PI: Andreas Reinisch
Focus: The research group led by Andreas Reinisch focuses on investigating genetic and molecular events that contribute to the development of clonal hematopoiesis and subsequently lead to the formation of myeloid leukemias. A central aspect of our work is the targeted introduction of genetic alterations (mutations) into normal hematopoietic stem and progenitor cells using CRISPR/Cas9 technology. The goal is to understand how specific genetic changes promote the development of leukemic stem cells, selectively favor their growth, and ultimately lead to the manifestation of leukemia.
In addition, we are dedicated to studying the contribution of clonal hematopoiesis to the development of atherosclerosis and cardiovascular diseases. Through the development and use of a new humanized mouse model that accurately replicates human hematopoiesis and atherosclerotic processes, we aim to better understand the underlying mechanisms.
Another major focus of our research is the study of the interaction between the bone marrow microenvironment, the so-called bone marrow niche, and both normal and malignant hematopoietic cells. We investigate how the bone marrow environment contributes to leukemogenesis and to what extent leukemia itself can alter its microenvironment.
To address these specific research questions, our group places great emphasis on the development and application of innovative methods.

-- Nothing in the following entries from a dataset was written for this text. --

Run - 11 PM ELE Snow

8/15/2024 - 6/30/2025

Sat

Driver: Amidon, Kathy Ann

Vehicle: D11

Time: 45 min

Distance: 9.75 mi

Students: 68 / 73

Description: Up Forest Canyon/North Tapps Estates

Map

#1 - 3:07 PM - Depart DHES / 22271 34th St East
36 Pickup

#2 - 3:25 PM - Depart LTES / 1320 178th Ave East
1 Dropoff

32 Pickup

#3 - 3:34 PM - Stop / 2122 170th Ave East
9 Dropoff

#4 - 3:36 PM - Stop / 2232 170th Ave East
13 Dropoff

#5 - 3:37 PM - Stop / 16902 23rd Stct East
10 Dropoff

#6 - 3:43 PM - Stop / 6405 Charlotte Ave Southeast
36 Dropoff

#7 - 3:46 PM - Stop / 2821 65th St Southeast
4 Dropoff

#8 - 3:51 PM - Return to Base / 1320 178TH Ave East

Among other things, we use humanized mouse models and customized gene-editing technologies for human primary tissue. Additionally, we employ a wide array of cutting-edge assays to evaluate the function and potential of hematopoietic stem and progenitor cells, aiming to better understand the underlying mechanisms of leukemogenesis and develop potential new therapeutic approaches.

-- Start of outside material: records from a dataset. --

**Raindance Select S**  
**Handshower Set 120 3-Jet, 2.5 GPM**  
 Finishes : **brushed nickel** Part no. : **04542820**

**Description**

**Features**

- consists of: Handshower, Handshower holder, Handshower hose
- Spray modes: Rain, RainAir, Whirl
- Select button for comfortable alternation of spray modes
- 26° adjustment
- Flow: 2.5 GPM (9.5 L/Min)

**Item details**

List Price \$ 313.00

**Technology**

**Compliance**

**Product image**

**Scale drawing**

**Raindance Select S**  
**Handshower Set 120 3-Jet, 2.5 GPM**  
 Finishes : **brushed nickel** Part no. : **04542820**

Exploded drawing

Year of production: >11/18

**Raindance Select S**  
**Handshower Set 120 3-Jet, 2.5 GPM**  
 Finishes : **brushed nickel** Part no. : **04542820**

A unique feature of our research, and an important translational aspect of our work, is the use and study of primary patient samples, made possible through close collaboration with the Leukemia Biobank. Through our strong network of national and international partners, as well as the utilization of the infrastructure at the Medical University of Graz, we contribute to translating preclinical findings into clinical research and improving treatment options for patients with hematological diseases.